I did read the article in Nature, that reported that several independent parties were able to reproduce the models using the (refactored) software, but it dismisses our concerns about the correctness of those results, and that bugfixes and testing were done after the software was used by the government.

If (and it's an if) that is typical of the quality of software used in academia, should any data models that are cited in any research paper be trusted without access to the code? How much of what we thought we knew is actually wrong and comes from faulty data modelling?

But this isn't a critique against Ferguson's software specifically - he might have been unaware this was even an issue - but against unquestioning faith in data models that assumes the mathematical workings are reflective of reality and implemented correctly by software. It's unacceptable to make decisions that could ruin tens of thousands of lives on the back of a 'model' generated by amateur software.

So, attention has been drawn to the issue of the quality of software used to support academic research (and rightly so), and calls for research departments to adopt industry best practices when developing software that's being used to influence public policy. However, this might be an unrealistic expectation.

In my day job, I work with code that stringently follows the SOLID design principles to the point of minimising fixed dependencies and making the code almost perfectly testable through elaborate design patterns. In addition, this is done in a department that is obsessed with Agile development and the Scrum 'methodology'. I have my own criticisms about this way of doing things: Such coding patterns laid down by software engineering 'best practices' actually obfuscate what the source code is supposed to do, and I'm often having to sift through multiple layers of classes and set breakpoints everywhere to determine what a given function actually does. It can seem as if the comprehensibility of our software is being sacrificed for testability, and there is so much overhead that could probably be done away with - morning 'stand up' meetings, retrospectives, countless metrics that diverge from the real state of things, an hour or two administrating 'work items' each day.

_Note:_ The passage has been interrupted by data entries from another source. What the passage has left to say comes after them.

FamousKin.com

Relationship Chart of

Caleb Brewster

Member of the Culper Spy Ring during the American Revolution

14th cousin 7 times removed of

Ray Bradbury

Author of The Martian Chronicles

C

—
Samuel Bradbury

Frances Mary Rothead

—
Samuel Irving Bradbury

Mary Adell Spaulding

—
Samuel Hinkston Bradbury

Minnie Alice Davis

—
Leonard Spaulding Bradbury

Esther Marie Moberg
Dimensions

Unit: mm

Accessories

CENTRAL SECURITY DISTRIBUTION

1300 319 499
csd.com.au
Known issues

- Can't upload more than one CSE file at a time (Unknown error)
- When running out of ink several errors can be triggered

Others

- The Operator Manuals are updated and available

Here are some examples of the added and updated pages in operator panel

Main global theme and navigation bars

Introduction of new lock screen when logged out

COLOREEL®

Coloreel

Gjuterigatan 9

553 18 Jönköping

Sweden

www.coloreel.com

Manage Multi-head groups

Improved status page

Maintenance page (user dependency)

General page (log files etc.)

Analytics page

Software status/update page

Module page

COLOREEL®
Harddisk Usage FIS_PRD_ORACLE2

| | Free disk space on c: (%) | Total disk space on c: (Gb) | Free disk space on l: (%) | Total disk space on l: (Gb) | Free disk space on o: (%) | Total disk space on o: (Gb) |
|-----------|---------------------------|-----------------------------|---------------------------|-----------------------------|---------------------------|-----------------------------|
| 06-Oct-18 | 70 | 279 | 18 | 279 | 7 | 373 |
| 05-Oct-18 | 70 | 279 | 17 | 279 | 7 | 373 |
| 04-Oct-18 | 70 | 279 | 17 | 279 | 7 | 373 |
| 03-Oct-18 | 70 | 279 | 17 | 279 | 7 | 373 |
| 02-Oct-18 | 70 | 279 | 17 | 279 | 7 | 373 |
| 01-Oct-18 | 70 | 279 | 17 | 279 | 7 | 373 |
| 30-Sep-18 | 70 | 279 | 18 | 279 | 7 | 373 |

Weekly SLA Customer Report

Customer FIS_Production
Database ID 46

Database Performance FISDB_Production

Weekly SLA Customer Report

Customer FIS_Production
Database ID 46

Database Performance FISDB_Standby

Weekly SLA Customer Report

As Jones pointed out, there is a huge skills gap between experienced software developers and those who go straight into research after graduating. Indeed, many of the things we consider 'best practices' don't make sense to those outside the software engineering world, and there is a difficult learning curve involved in following the coding patterns we're expected to use.

It would seem we are at an impasse. We can't realistically expect scientists to become software engineers, because that's a whole area of expertise in itself, and research departments can't or won't fund software engineers with industry experience. My argument here is that the situation isn't that black and white, and scientists aren't caught between publishing badly-written software or publishing over-engineered software, between software that's rendered unreadable through ignorance or rendered unreadable in order to conform to 'best practices'.

The simple, and realistic, answer to this problem is to adopt a handful of coding conventions that make source code readable, so it's self-explanatory to all scientists and others who could follow the mathematics being implemented. One doesn't require years of development experience to achieve this.

  • Make functions as short as possible, with each function ideally doing one specific thing only.
  • Make the code appear clean and as structured as possible.
  • Include comments in the code, where appropriate.
  • Give each function a name that's descriptive of its purpose.
  • Give each variable a descriptive name.
  • Try to declare variables globally, where possible.
  • Avoid duplicating code. It should be easier to extend existing classes if the functions are shorter and more specific.
  • When using third-party libraries, try choosing the best-documented, most widely used and maintained available.